[[ PROVIDED DATA open ]]

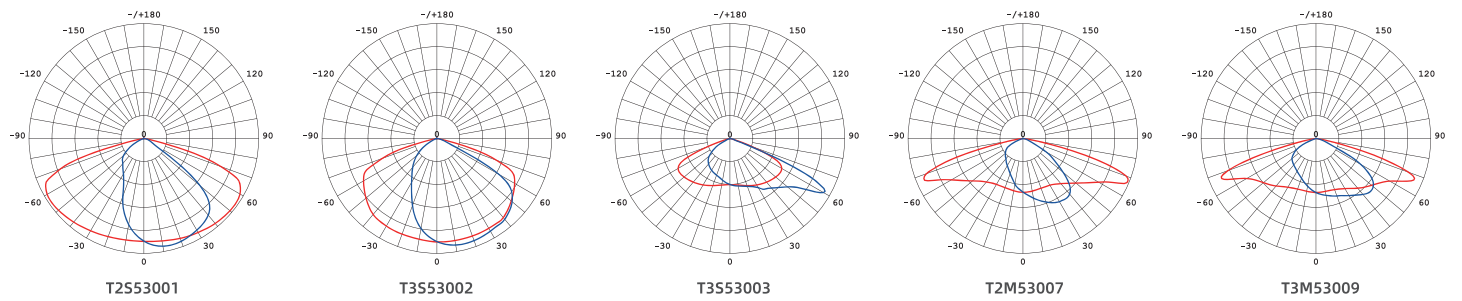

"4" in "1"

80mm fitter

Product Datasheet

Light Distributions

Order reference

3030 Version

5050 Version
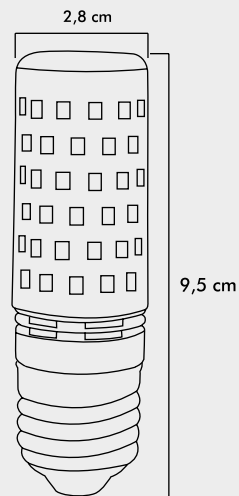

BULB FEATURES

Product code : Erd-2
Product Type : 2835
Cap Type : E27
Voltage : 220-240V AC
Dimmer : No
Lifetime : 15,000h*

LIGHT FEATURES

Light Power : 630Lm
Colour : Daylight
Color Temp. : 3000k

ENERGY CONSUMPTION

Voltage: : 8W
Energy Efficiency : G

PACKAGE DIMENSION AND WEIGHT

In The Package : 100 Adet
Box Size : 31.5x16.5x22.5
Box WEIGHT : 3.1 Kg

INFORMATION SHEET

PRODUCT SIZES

[[ PROVIDED DATA closed ]]

**WHAT IS BEING ASKED**
Write out, please, only the lines from the one with "Product code : Erd-2" through the last line above, both included and unchanged.

**TASK RESPONSE**
Product code : Erd-2
Product Type : 2835
Cap Type : E27
Voltage : 220-240V AC
Dimmer : No
Lifetime : 15,000h*

LIGHT FEATURES

Light Power : 630Lm
Colour : Daylight
Color Temp. : 3000k

ENERGY CONSUMPTION

Voltage: : 8W
Energy Efficiency : G

PACKAGE DIMENSION AND WEIGHT

In The Package : 100 Adet
Box Size : 31.5x16.5x22.5
Box WEIGHT : 3.1 Kg

INFORMATION SHEET

PRODUCT SIZES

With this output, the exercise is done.